*YOUR OBJECTIVE*.
From the first line to the last, set down the data exactly as given.

*SOURCE MATERIAL*.
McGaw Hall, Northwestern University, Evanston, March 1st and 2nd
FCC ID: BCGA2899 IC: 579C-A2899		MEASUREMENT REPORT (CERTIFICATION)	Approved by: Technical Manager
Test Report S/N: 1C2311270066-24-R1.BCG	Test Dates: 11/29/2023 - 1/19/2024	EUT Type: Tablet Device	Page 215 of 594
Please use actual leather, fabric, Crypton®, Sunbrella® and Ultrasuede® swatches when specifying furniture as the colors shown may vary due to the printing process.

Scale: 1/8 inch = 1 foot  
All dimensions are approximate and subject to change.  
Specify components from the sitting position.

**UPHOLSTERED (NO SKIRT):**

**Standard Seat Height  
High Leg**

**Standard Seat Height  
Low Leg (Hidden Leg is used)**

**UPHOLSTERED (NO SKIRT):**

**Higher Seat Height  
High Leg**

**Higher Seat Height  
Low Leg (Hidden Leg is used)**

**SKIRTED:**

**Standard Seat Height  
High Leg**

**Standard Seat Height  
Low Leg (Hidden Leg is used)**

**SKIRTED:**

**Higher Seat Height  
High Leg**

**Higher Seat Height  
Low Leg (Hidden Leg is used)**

*EXERCISE ANSWER*.
McGaw Hall, Northwestern University, Evanston, March 1st and 2nd
FCC ID: BCGA2899 IC: 579C-A2899		MEASUREMENT REPORT (CERTIFICATION)	Approved by: Technical Manager
Test Report S/N: 1C2311270066-24-R1.BCG	Test Dates: 11/29/2023 - 1/19/2024	EUT Type: Tablet Device	Page 215 of 594
Please use actual leather, fabric, Crypton®, Sunbrella® and Ultrasuede® swatches when specifying furniture as the colors shown may vary due to the printing process.

Scale: 1/8 inch = 1 foot  
All dimensions are approximate and subject to change.  
Specify components from the sitting position.

**UPHOLSTERED (NO SKIRT):**

**Standard Seat Height  
High Leg**

**Standard Seat Height  
Low Leg (Hidden Leg is used)**

**UPHOLSTERED (NO SKIRT):**

**Higher Seat Height  
High Leg**

**Higher Seat Height  
Low Leg (Hidden Leg is used)**

**SKIRTED:**

**Standard Seat Height  
High Leg**

**Standard Seat Height  
Low Leg (Hidden Leg is used)**

**SKIRTED:**

**Higher Seat Height  
High Leg**

**Higher Seat Height  
Low Leg (Hidden Leg is used)**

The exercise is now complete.